Secrets committed to .env
LLMs fill credential fields with concrete values during the first generation pass and defer env-var extraction to a step treated as external to the code task - so it never happens. We find live keys and tokens on disk, sometimes in git history.
Unvalidated LLM output reaching real actions
Model-generated JSON is cast to a TypeScript type instead of parsed with a schema, then its fields are passed straight into an action dispatch. Hallucinated or injected parameter values sail through every "typed action" claim.
Approval gates enforced at the UI, not the dispatch
The confirmation guard wraps the call site while the underlying dispatch function stays exported and callable without it. The invariant looks enforced in a click-through demo and is bypassable from any other caller.
Prompt injection at the data-to-prompt boundary
External, attacker-influenced data is interpolated into prompts verbatim. The model generates the happy path - clean data, good answer - and skips the adversarial path entirely.
Missing tests for the one invariant that mattered
Coverage looks healthy because tests exercise the happy path through the UI. The guarantees that actually matter - "rejection must not write back", "a double-click must be dropped" - go untested.
Fixture / production bleed and non-atomic writes
Demo fixtures and production code share a boundary nobody documented, and the audit-log write is not atomic with the action it records - so a mid-sequence failure leaves a writeback with no log, or a log with no writeback.
What a Critical looks like
The six Criticals are not exotic - they are a few patterns that recur. The examples below are representative and illustrative - renamed and simplified, not tied to any one codebase - but the shape of each is exact.
A live secret committed to version control
A working provider API key sitting in a committed .env. A .gitignore rule was added later, but the key stays in git history - recoverable from every clone long after it looks deleted.

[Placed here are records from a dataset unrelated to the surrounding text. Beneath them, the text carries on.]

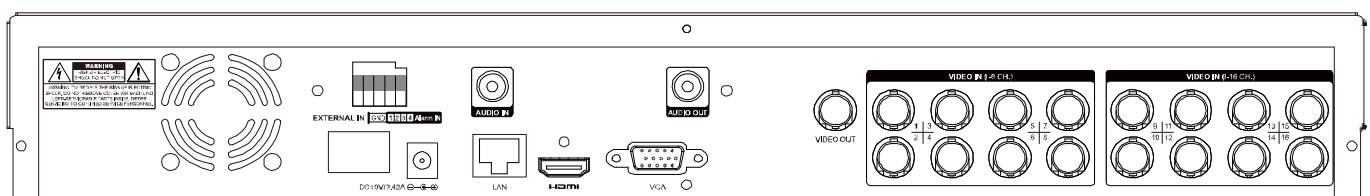

Tribrid Video Input

- ❖ Supports Analog HD / TVI / 960H video input.
- ❖ Up to 1080P recording

Push Status - Active Event Notification with EagleEyes App

- ❖ Push Status to send instant notifications for system events, such as video loss or HDD data removal.

▶ REAR PANEL

* EaZy Networking is a free P2P cloud service to connect AVTECH devices to the Internet automatically by plug-and-play, enabling you to check the live view via your mobile device or laptop at anytime (in 64 kbps).
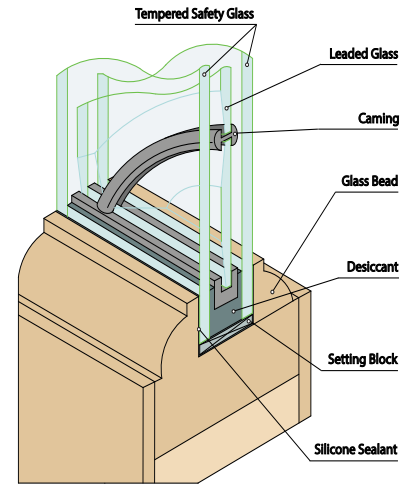

HOELSCHER

WEATHERSTRIP MANUFACTURING

2023

FIBERGLASS ENTRY DOOR COLLECTION

Revised March 2023

Fiberglass Entry Door Collection

Mahogany & Oak Grain Collection

The Mahogany & Oak Grain Collection provides a valuable balance between the exceptional durability of fiberglass doors and the visually appealing qualities of true wood doors. The doors are protected with a textured fiberglass skin and feature an interior wood construction which strengthens the structure of your door. The stainable exterior fiberglass skin grain mirrors the appearance of a mahogany or oak wood door. Additionally, a True Divided Lite glass design allows for Beveled glass, a highlight in a fiberglass door! The Mahogany & Oak Grain Collection is available in 6'8" and 8'0" heights with a variety of glass options.
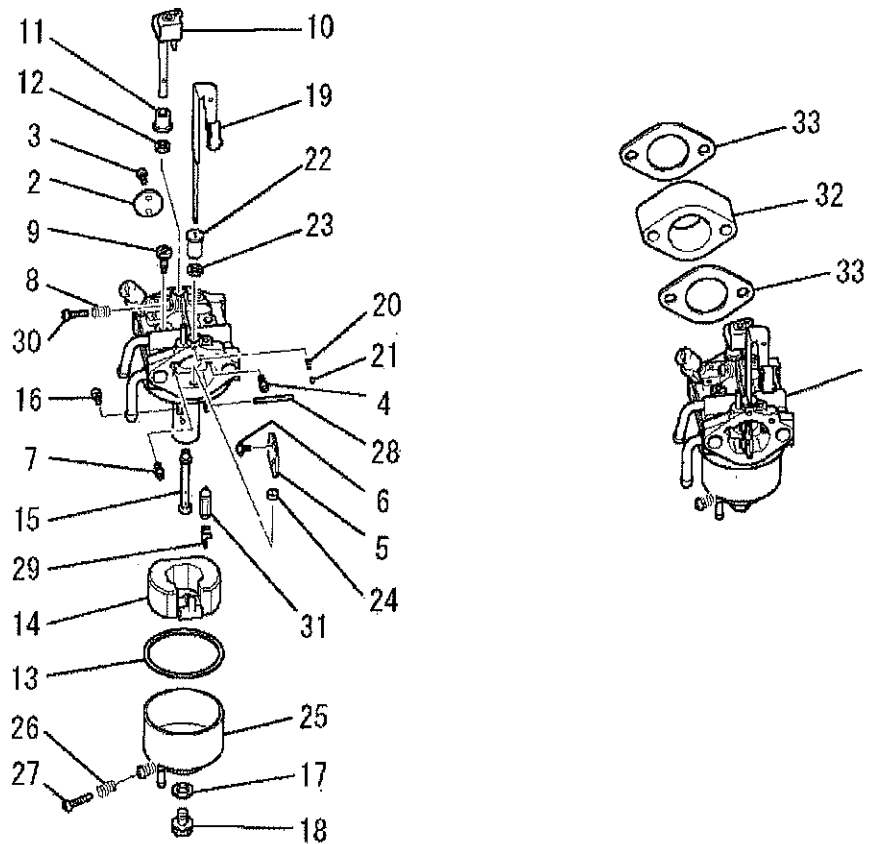

(I) CARBURETOR GROUP

No.	R/N	Parts No.	Parts Name	No. Req'd	Inte	Remarks	Serial No. (From~To)
25		KK15005DA025	CHAMBER, FLOAT	1		INCL. NO. 26, 27	
26		KK13003AA008	SPRING	1			
27		KK15001AA018	SCREW	1			
28		KK15001AA016	PIN	1			
29		KK12008AE011	CLIP	1			
30		KK16009AA030	SCREW	1			
31		KK15001AA015	NEEDLE, MAIN	1			
32		KK34001BA	INSULATOR	1			
33		KW34052AA	GASKET, CARBURETOR	2
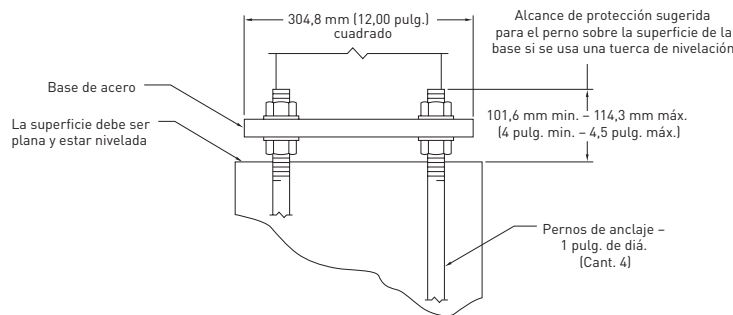

NOT TO SCALE

INSTALLATION INSTRUCTIONS
INSTRUCTIONS D'INSTALLATION

35' Round Tapered Steel Poles

© 2019 Cree Lighting, A company of IDEAL INDUSTRIES. All rights reserved. For informational purposes only. Content is subject to change. See www.creelighting.com/warranty for warranty and specifications. Cree® and the Cree logo are registered trademarks of Cree, Inc.

NO ESTÁ A ESCALA

INSTALLATION INSTRUCTIONS
INSTRUCTIONS D'INSTALLATION

Postes de acero cónico redondos de 35 pies

© 2019 Cree Lighting, A company of IDEAL INDUSTRIES. All rights reserved. For informational purposes only. Content is subject to change. See www.creelighting.com/warranty for warranty and specifications. Cree® and the Cree logo are registered trademarks of Cree, Inc.

An approval gate that only guards the UI
The human-in-the-loop check is enforced in the component that renders the confirm button. The function that actually performs the action stays exported and callable - with no guard - from anywhere else in the codebase.

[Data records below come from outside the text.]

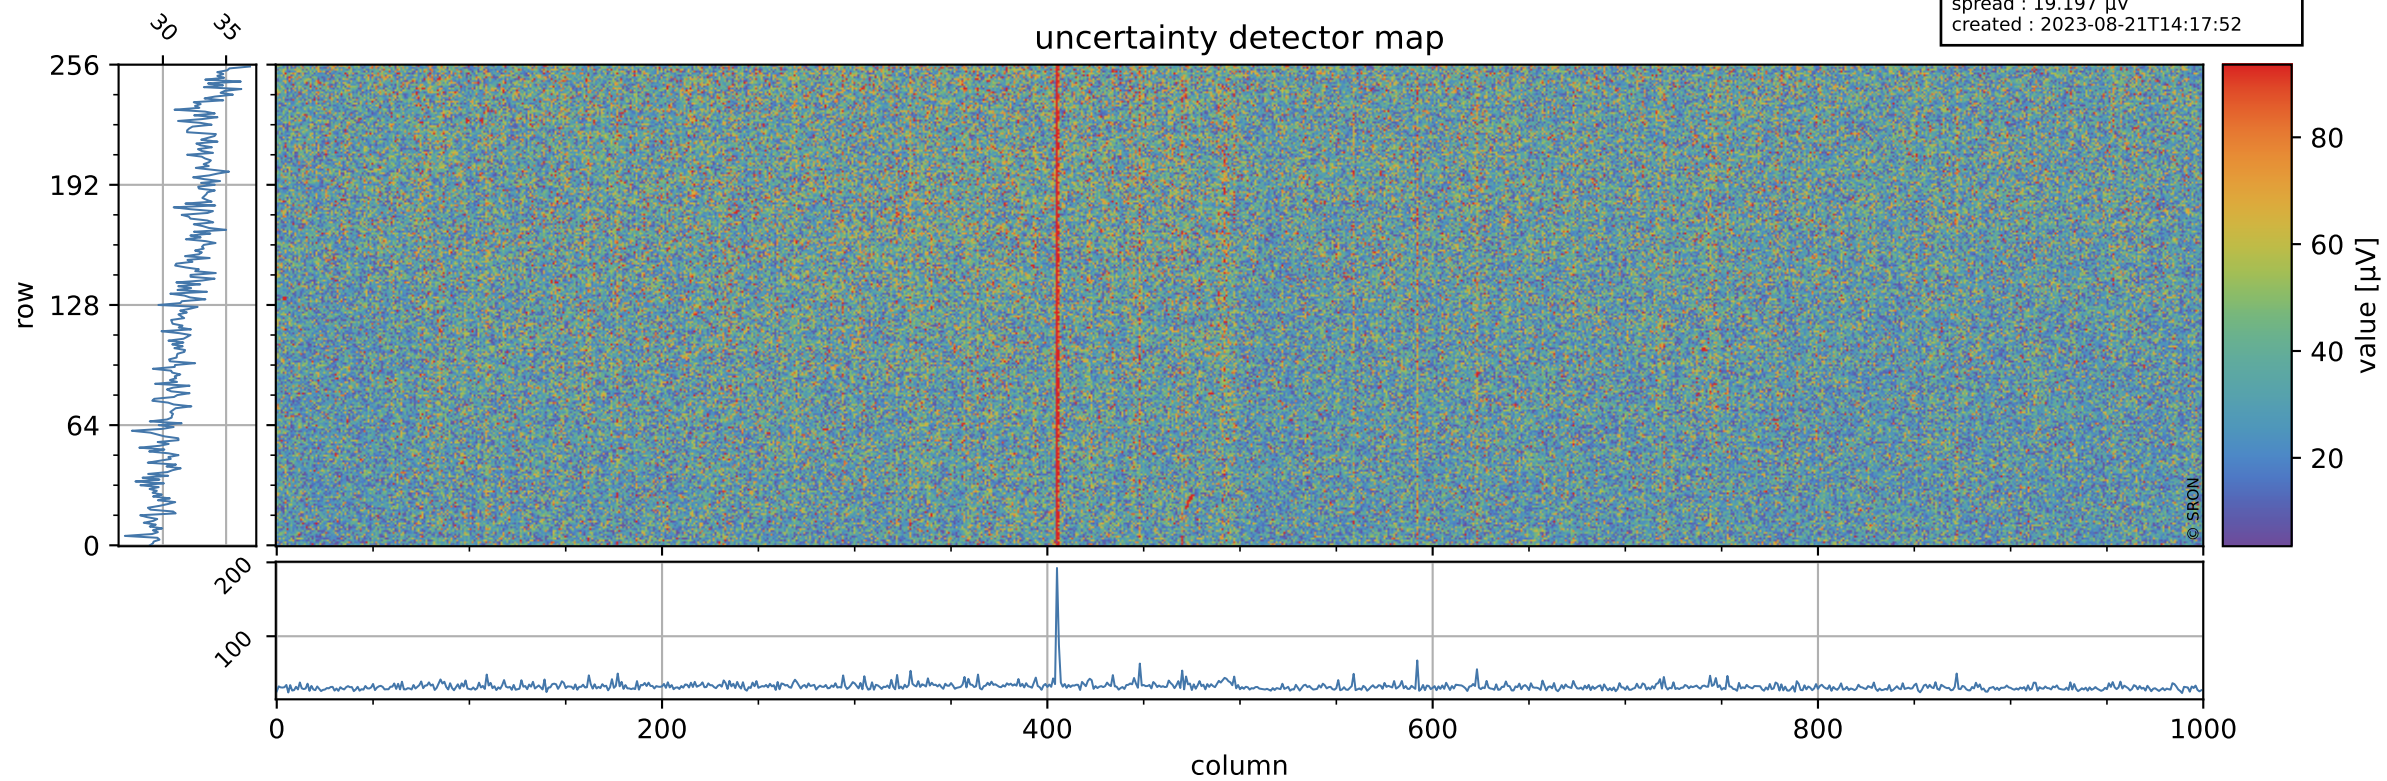

Tropomi SWIR offset (official)

orbits : 18 in [4807, 4852]
coverage : 2018-09-17 / 2018-09-20
median : 0.52596 V
spread : 0.035926 V
created : 2023-08-21T14:17:51

value detector map

Tropomi SWIR offset (official)

orbits : 18 in [4807, 4852]
coverage : 2018-09-17 / 2018-09-20
median : 32.351 μV
spread : 19.197 μV
created : 2023-08-21T14:17:52

Tropomi SWIR offset (official)

orbits : 18 in [4807, 4852]
coverage : 2018-09-17 / 2018-09-20
median : -0.064468 mV
spread : 0.31939 mV
created : 2023-08-21T14:17:52

value compared with SWIR offset CKD

Tropomi SWIR offset (official) ground-tracks of Sentinel-5P

orbits : 18 in [4807, 4852]
coverage : 2018-09-17 / 2018-09-20
created : 2023-08-21T14:17:52

Tropomi SWIR offset (official)

orbits : [2827, 4852]
coverage : 2018-04-30 / 2018-09-20
created : 2023-08-21T14:17:53

trend of detector median & temperatures

function ApprovalDrawer() {
if (!confirmed) return null;
dispatchAction(payload); // guarded only here, at the call site
}
// ...but the same function is exported and reachable unguarded
export function dispatchAction(p) { /* writes to the system of record */ }Illustrative — renamed and simplified, not from any specific codebase.Model output reaching a privileged action unvalidated
LLM-generated JSON is cast straight to a typed object instead of being parsed and validated, then its fields are handed to a state-changing call. A hallucinated or injected value flows through untouched.

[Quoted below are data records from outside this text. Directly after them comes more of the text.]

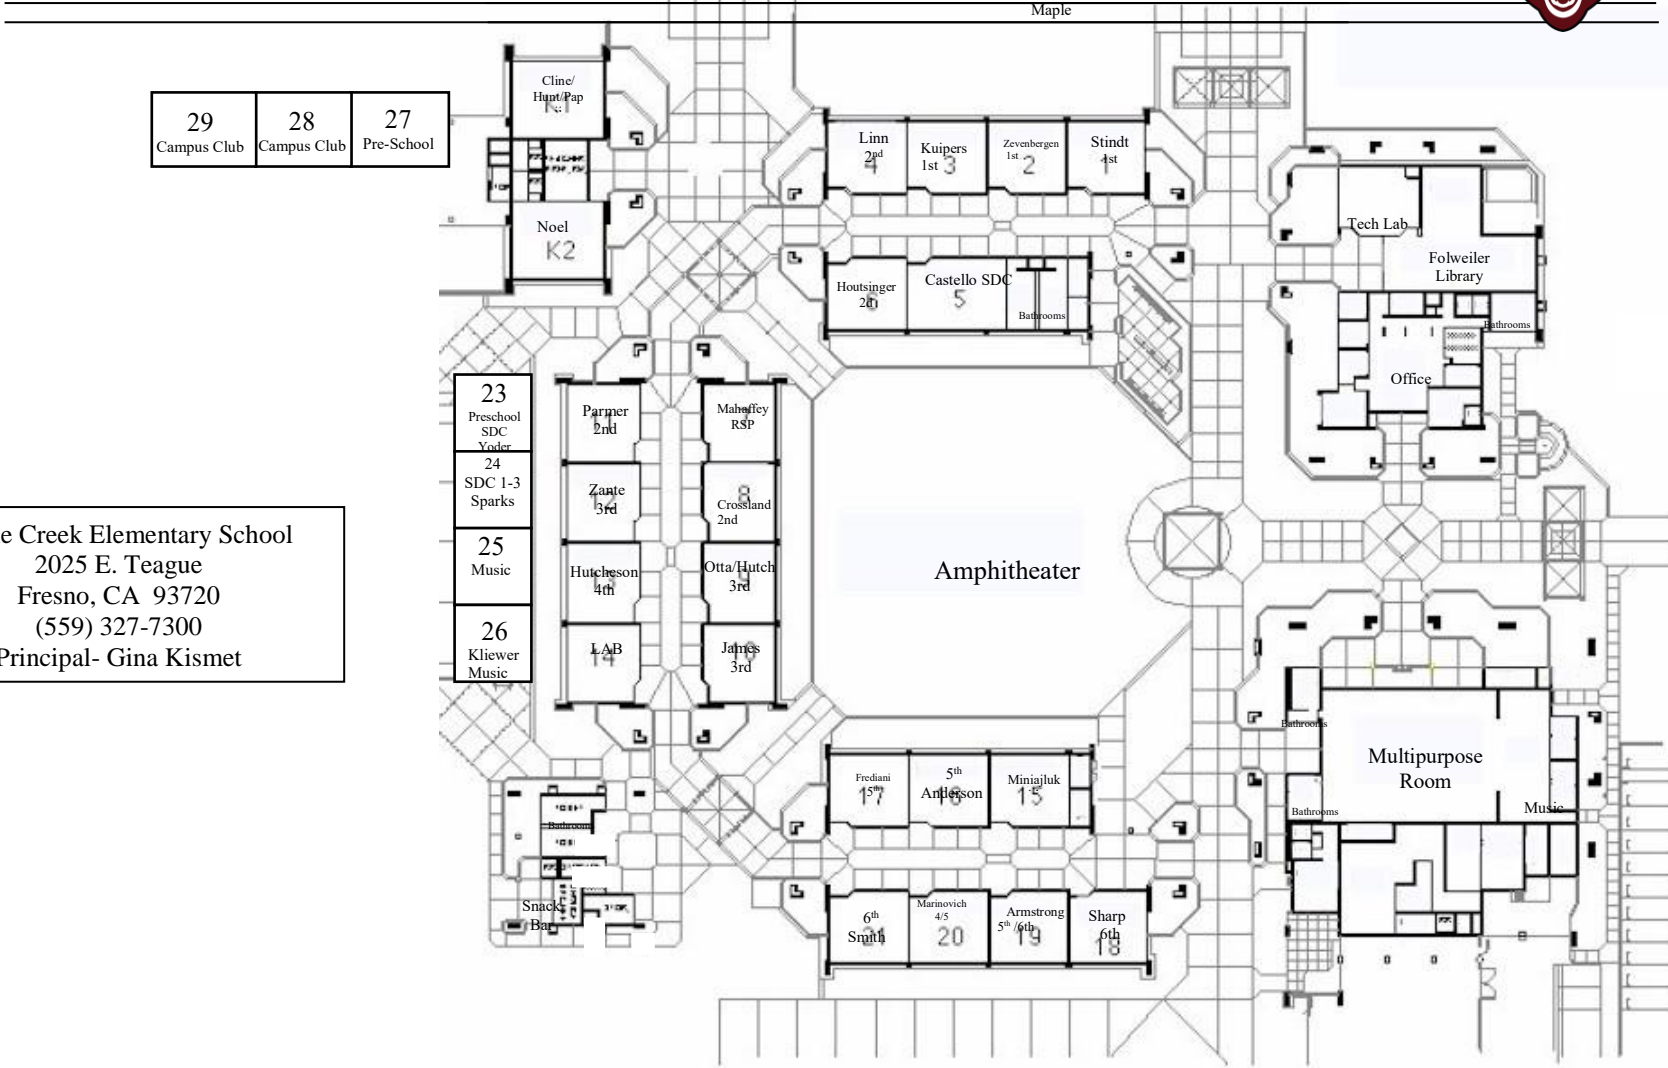

Maple Creek Campus Map 2018-19

29 Campus Club	28 Campus Club	27 Pre-School
-------------------	-------------------	------------------

Maple Creek Elementary School
2025 E. Teague
Fresno, CA 93720
(559) 327-7300
Principal- Gina Kismet

// model output trusted as a typed object — no schema check
const action = JSON.parse(llmResponse) as ActionRequest;
applyAction(action.target, action.args); // runs whatever the model producedIllustrative — renamed and simplified, not from any specific codebase.Which dimensions light up
The findings spread across twelve audit dimensions, but the weight is consistent: Core review, Documentation, QA & coverage, Security, and AI-codegen surface the most on nearly every run. The lighter dimensions - data migration, runtime verification, frontend - often come back empty, and YCAudit says so explicitly instead of going silent, which is its own kind of signal.
What the numbers say
AI writes the happy path well and skips the adversarial one almost completely. It fills secrets inline and defers the cleanup that never comes. It builds the guardrail at the call site and leaves the underlying function exposed. None of these are visible in a demo - they are visible in an audit. That gap, between "it works" and "it holds", is the whole reason to run a slow second pass before AI-generated code reaches anything real.